- **TASK**
Give again, unaltered, the lines of the listing below that run from the line having "Sem tino sem destino" through the line having "No meio da escadaria".

[Start of Attachment]

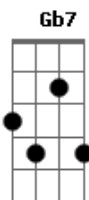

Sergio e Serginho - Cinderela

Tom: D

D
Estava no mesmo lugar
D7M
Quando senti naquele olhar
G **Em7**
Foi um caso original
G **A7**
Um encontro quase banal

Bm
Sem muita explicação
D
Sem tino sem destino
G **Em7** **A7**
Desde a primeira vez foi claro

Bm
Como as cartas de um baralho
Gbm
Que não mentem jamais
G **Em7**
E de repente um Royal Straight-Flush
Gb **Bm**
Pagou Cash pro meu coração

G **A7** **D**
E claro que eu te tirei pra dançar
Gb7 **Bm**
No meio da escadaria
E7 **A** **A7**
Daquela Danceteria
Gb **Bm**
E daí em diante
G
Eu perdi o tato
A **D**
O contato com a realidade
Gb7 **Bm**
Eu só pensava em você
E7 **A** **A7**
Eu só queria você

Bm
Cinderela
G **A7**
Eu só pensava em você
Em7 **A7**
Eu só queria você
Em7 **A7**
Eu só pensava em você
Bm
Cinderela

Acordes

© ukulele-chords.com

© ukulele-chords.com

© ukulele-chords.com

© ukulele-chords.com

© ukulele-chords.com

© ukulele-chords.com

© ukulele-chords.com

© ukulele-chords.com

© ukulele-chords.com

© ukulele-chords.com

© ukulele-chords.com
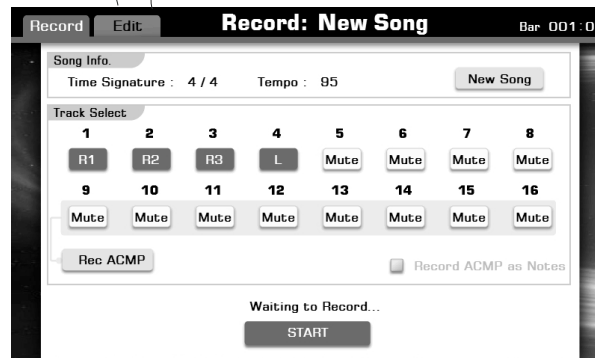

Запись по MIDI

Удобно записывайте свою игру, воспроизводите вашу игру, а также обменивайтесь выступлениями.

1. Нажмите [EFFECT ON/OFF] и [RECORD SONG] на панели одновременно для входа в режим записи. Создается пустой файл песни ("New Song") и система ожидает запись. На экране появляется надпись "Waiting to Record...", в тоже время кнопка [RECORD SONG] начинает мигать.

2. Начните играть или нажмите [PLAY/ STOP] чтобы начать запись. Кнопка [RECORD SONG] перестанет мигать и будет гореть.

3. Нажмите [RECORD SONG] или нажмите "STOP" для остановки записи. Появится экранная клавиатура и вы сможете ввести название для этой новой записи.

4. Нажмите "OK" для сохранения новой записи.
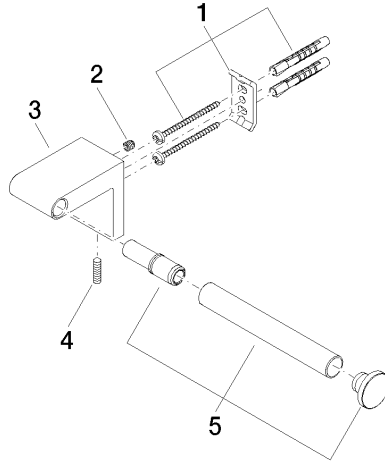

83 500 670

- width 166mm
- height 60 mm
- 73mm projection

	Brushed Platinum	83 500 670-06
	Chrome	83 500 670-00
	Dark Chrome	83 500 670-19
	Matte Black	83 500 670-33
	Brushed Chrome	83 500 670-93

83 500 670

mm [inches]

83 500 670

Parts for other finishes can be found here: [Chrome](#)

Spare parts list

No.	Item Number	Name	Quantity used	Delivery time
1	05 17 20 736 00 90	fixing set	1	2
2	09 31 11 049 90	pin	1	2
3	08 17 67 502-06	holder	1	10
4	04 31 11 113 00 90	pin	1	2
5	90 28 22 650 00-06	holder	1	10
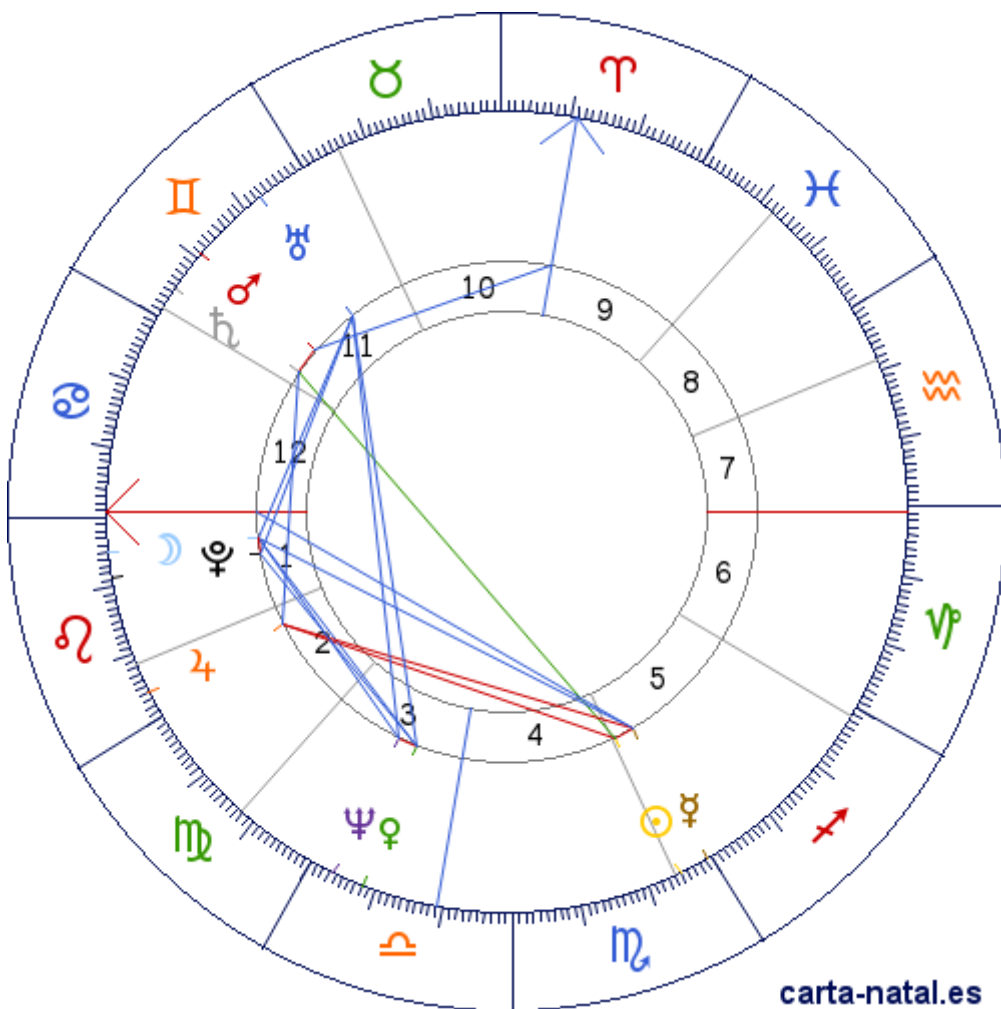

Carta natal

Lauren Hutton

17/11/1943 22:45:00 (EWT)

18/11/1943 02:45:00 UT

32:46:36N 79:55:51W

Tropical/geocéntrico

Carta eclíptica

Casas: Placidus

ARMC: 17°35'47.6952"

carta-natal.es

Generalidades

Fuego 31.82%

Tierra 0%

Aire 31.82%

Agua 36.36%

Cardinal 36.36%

[End of Attachment]
[Start of Attachment]

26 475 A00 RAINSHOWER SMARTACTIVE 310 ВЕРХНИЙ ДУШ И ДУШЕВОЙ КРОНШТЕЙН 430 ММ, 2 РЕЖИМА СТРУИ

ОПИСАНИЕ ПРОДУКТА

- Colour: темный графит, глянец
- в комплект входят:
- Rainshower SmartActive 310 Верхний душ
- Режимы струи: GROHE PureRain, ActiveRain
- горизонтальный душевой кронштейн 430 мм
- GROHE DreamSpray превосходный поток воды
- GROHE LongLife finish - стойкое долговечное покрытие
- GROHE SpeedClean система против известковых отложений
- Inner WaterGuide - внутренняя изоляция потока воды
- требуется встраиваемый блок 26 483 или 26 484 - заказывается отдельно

[End of Attachment]

- **ANSWER SPACE**
Sem tino sem destino
G **Em7** **A7**
Desde a primeira vez foi claro

Bm
Como as cartas de um baralho
Gbm
Que não mentem jamais
G **Em7**
E de repente um Royal Straight-Flush
Gb **Bm**
Pagou Cash pro meu coração

G **A7** **D**
E claro que eu te tirei pra dançar
Gb7 **Bm**
No meio da escadaria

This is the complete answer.